Rev. Soc. Bras. Med. Trop. v.38 n.3 Uberaba mayo/jun. 2005

http://dx.doi.org/10.1590/S0037-86822005000300010 

RELATO DE CASO CASE REPORT

 

Púrpura em paciente com estrongiloidíase disseminada

 

Purpura in patient with disseminated strongiloidiasis

 

 

Luciano C. RibeiroI, II; Edson N.A. Rodrigues JuniorII; Margareth D. SilvaII; Arley TakiuchiII; Cor Jesus F. FontesI, II

INúcleo de Estudos de Doenças Infecciosas e Tropicais de Mato Grosso, Cuiabá, MT
IIDepartamento de Clínica Médica da Faculdade de Ciências Médicas da Universidade Federal de Mato Grosso, Cuiabá, MT

Endereço para correspondência

 

 


RESUMO

A infecção pelo Strongyloides stercoralis em associação com imunosupressão pode manifestar-se com lesões em múltiplos órgãos e sistemas, caracterizando a forma disseminada da doença.

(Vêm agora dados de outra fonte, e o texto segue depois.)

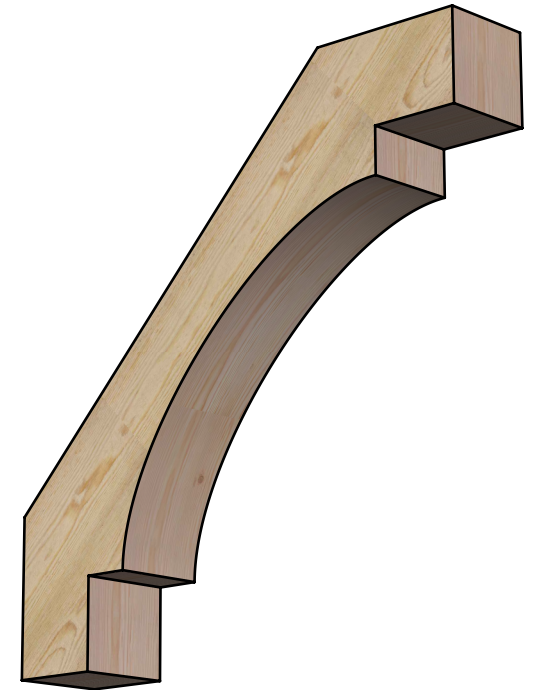

BRC06X34X34MRC00RDF

6"W X 34"D X 34"H MERCED ROUGH SAWN BRACE, DOUGLAS FIR

SIDE

FRONT

EKENA MILLWORK
 2300 WEST MAIN ST.
 CLARKSVILLE, TX 75426
 TOLL FREE: 866-607-0453
 WWW.EKENAMILLWORK.COM

NOTES

1. INSTALLATION TO BE COMPLETED IN ACCORDANCE WITH MANUFACTURER'S SPECIFICATIONS.
2. DRAWING MAY NOT BE TO SCALE
3. THIS DRAWING IS INTENDED FOR DESIGN AND PLANNING PURPOSES ONLY.
4. ALL INFORMATION CONTAINED HEREIN WAS CURRENT AT THE TIME OF DEVELOPMENT BUT MUST BE REVIEWED AND APPROVED BY THE PRODUCT MANUFACTURER TO BE CONSIDERED ACCURATE.
5. PRODUCTS ARE NOT KILN DRIED. THIS ITEM IS UNIQUE AND WILL CONTAIN THE NATURAL VARIATIONS THAT THE WOOD SPECIES OFFERS. THIS MAY RESULT IN VARIATIONS UP TO 1/4"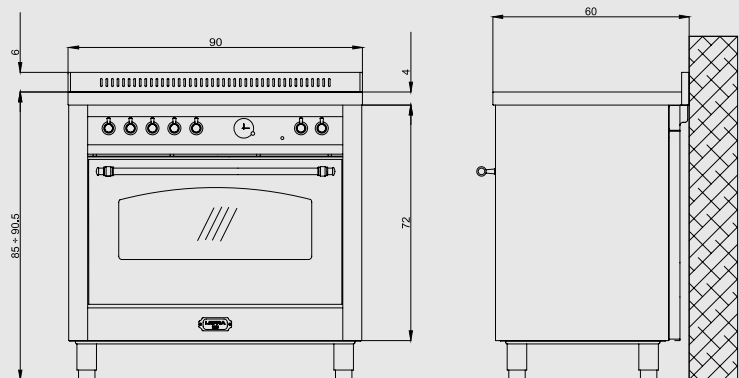

Oven

- multifunction electric oven
- 9 cooking programs
- 101 l gross capacity
- internal dimensions (cm - WxDxH): 67,8x40x37
- max temperature: 270°
- electric grill
- rotisserie
- electronic analogue programmer
- telescopic shelves support

	Bottom Heat	Top Heat	Grill	Maxi-Grill	Fan
MULTIFUNCTION ELECTRIC OVEN	1750 W	1000 W	2000 W	3000 W	2500 W

“Easy To Clean” blue enamelling
Cooling Fan

Power absorbed: 10.500 W

Technical drawing (cm):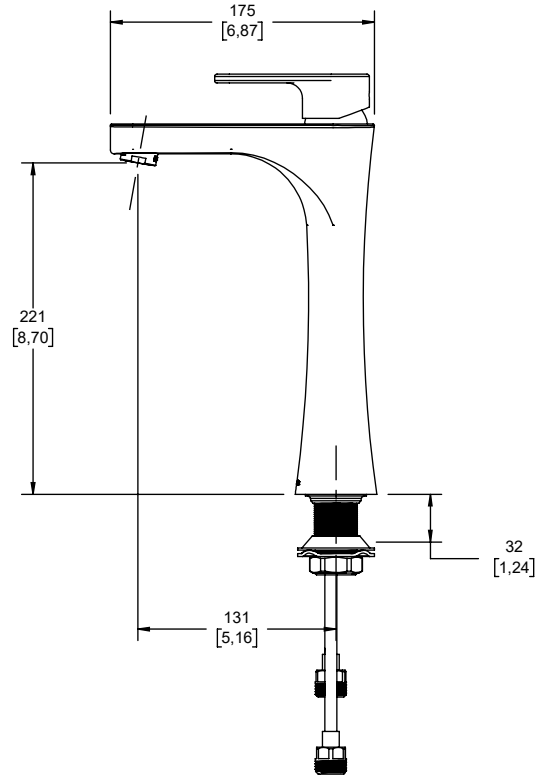

DECO MO8X-DC01-6

Monomando Alto para Lavabo, No Incluye Contra
Tall Single Handle Sink Faucet, Grid Drain Not Included

Medidas Referenciales mm / Estimated Dimensions [inch]

NOTAS:
Instale el producto de acuerdo a la Guía de Instalación.
NOTES:
Install the product according to the Installation Guide.

* Los productos ilustrados pueden sufrir cambios sin previo aviso en su aspecto o partes, como resultado de los procesos de mejora continua al que están sujetos, sin implicar mayor responsabilidad por parte de la fábrica.

* The products illustrated may undergo unannounced changes in their appearance or parts, as a result of the continuous improvement processes to which they are subject, without implying greater responsibility by the factory.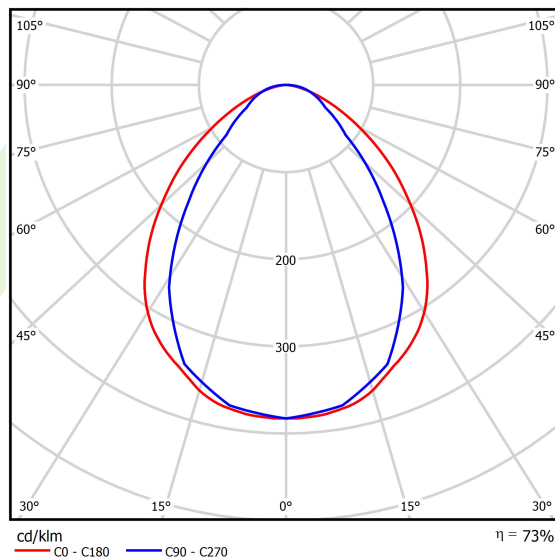

Accessories

Index 6BZBO60980

Name Handle for pane opening

Lesões cutâneas não são freqüentemente relatadas e, se presentes, manifestam-se como rash e petéquias. Púrpuras bem definidas são pouco descritas. No presente trabalho é descrito um caso de estrongiloidíase disseminada, com acometimento cutâneo em forma de púrpura, que se desenvolveu em um paciente timectomizado e usuário crônico de corticosteróide devido à miastenia gravis.

Palavras-chaves: Estrongiloidíase disseminada. Púrpura.


ABSTRACT

The association of systemic corticosteroid therapy and dissemination of Strongyloides stercoralis has been increasingly documented in the literature. Skin involvement in disseminated strongyloidiasis has been reported and the most commonly described cutaneous manifestations are rash and petechial eruptions. We present a case of an immunosuppressed man that developed disseminated strongyloidiasis with extensive purpura.

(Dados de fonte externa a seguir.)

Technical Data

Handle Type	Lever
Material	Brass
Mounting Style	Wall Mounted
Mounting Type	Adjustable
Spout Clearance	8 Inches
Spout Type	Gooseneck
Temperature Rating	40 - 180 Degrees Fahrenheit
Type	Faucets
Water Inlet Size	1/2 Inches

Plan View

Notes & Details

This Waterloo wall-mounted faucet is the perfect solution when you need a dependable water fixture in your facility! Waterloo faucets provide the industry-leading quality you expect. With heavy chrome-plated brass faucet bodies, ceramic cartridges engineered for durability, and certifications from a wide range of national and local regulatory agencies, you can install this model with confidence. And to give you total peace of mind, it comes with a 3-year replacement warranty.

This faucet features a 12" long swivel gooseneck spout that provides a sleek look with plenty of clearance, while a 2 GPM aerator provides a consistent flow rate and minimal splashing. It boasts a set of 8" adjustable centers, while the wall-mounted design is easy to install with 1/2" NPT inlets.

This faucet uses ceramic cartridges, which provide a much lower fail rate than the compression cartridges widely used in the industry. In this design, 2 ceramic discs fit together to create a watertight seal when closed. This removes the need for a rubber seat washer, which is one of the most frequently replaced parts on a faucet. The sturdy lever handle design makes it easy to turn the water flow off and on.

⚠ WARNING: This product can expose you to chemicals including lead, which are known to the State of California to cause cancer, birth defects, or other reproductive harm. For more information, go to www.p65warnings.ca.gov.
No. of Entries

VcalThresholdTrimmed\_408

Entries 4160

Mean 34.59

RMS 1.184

Key-words: Disseminated strongyloidiasis. Purpura.


 

 

A estrongiloidíase é uma helmintose predominantemente intestinal, causada pelo Strongyloides stercoralis, sendo o homem seu principal reservatório, e a principal fonte de infecção. O risco de infecção é diretamente proporcional às condições de higiene do indivíduo. Apresenta ampla distribuição mundial, porém, com maior prevalência nas regiões tropicais e subtropicais. No Brasil, os dados variam de acordo com a região, com prevalência variando de 15 a 82%, mantendo uma média de 20%9.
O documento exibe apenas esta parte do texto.